State how many lines in the records below contain the word "Power". Nothing else is needed.

------ DATA FOR PROCESSING

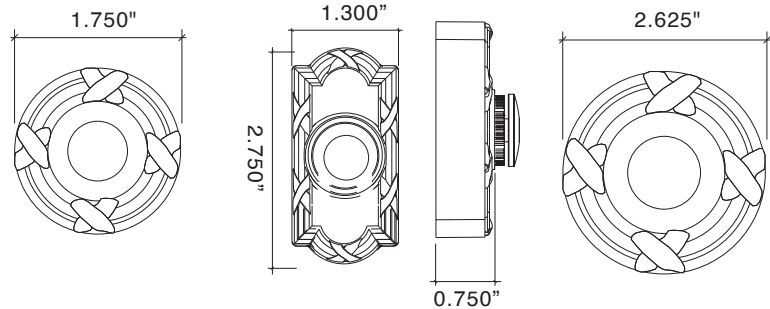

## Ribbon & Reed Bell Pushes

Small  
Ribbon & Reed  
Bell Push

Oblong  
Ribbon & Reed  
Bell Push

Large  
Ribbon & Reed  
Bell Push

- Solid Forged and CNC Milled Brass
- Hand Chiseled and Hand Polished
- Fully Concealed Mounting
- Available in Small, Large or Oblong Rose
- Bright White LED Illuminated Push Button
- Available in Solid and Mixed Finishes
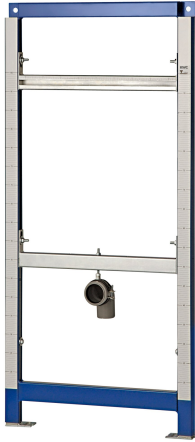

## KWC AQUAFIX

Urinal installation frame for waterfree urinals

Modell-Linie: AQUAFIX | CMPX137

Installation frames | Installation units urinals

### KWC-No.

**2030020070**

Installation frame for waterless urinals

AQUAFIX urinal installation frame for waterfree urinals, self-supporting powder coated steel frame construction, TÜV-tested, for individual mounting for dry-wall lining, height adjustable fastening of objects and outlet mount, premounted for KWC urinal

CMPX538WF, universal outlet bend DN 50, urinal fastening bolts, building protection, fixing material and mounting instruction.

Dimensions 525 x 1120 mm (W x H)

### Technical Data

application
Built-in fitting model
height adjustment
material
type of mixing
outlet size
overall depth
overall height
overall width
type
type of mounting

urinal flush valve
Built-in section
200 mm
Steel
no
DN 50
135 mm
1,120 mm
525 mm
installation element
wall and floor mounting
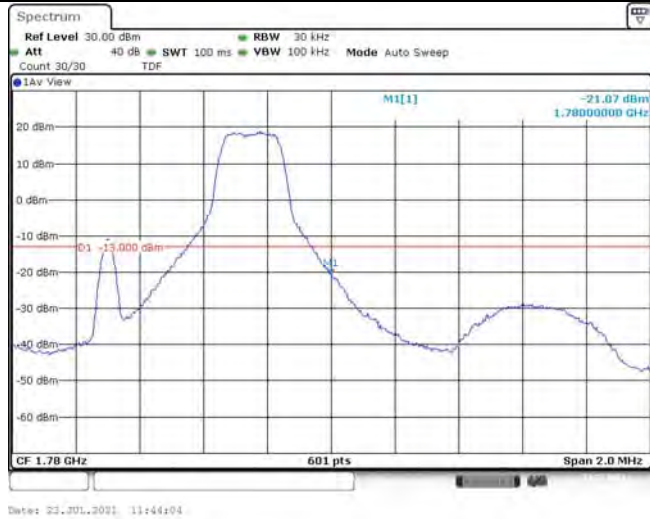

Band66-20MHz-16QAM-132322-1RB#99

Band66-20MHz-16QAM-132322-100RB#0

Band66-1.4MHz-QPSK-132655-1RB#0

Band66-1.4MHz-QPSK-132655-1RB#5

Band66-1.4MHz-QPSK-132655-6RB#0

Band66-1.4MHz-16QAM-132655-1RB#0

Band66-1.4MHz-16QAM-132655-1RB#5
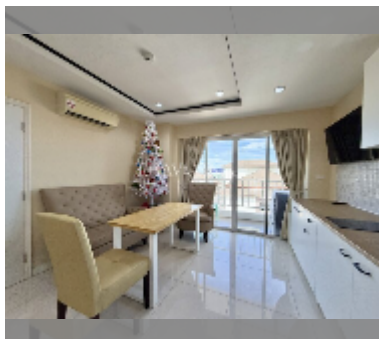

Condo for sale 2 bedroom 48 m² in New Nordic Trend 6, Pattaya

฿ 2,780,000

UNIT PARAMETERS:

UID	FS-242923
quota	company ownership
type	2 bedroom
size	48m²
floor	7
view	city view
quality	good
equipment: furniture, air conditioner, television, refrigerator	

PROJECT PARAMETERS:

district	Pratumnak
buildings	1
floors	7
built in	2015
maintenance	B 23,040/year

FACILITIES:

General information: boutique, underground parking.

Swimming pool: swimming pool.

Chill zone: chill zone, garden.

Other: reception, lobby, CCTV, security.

------------
------ DATA FOR PROCESSING

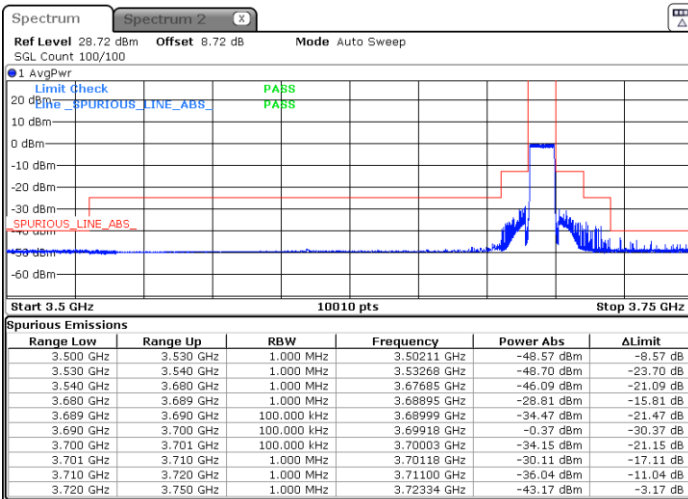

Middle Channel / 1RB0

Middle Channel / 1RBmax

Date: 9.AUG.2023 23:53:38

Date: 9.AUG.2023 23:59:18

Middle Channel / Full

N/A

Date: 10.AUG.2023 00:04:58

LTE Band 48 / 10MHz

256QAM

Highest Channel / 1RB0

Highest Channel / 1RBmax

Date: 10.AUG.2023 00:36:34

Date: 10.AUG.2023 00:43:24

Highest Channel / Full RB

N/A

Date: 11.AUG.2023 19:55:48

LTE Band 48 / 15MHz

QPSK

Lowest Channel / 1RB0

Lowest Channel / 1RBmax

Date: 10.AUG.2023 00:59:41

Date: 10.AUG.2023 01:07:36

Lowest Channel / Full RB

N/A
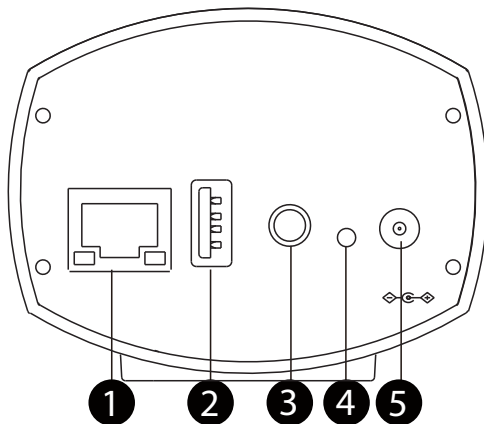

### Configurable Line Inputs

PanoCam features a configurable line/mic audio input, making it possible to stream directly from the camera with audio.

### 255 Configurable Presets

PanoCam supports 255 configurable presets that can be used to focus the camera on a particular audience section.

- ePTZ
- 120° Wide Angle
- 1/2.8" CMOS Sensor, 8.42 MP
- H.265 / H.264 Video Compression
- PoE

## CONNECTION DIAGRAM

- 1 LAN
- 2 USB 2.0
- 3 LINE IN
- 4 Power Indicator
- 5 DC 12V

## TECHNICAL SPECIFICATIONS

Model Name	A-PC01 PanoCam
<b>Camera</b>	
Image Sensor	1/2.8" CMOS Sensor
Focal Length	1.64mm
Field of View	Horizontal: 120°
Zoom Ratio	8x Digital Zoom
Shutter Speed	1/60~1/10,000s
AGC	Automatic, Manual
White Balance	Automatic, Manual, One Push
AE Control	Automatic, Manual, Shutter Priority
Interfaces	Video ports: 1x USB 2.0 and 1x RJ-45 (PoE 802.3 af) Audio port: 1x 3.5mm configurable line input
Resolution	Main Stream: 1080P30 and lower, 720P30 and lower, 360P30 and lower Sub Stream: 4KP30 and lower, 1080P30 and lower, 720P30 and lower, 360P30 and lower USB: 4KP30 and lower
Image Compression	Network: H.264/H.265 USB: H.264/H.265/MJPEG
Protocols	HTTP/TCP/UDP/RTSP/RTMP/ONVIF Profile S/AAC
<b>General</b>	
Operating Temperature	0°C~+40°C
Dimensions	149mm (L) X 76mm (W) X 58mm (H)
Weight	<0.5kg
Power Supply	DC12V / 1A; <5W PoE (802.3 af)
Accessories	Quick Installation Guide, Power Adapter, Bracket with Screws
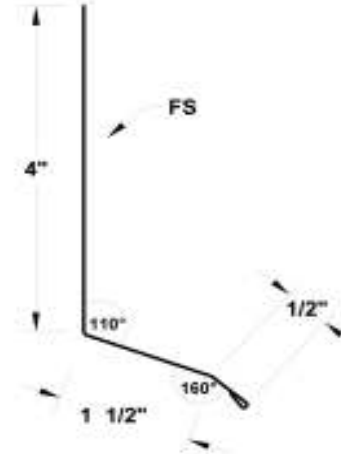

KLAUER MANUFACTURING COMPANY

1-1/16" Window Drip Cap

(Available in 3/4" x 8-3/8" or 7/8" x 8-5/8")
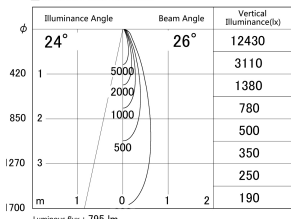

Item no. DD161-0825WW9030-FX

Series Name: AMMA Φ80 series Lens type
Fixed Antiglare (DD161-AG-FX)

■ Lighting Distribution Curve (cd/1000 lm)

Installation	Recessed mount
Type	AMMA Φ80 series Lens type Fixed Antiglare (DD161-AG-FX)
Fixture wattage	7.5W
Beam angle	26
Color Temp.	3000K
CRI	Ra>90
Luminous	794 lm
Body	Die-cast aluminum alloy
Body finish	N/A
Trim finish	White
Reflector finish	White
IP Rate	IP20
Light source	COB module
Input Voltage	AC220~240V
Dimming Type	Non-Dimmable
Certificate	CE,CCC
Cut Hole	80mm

------------

• RESPONSE TO THIS EXERCISE: 3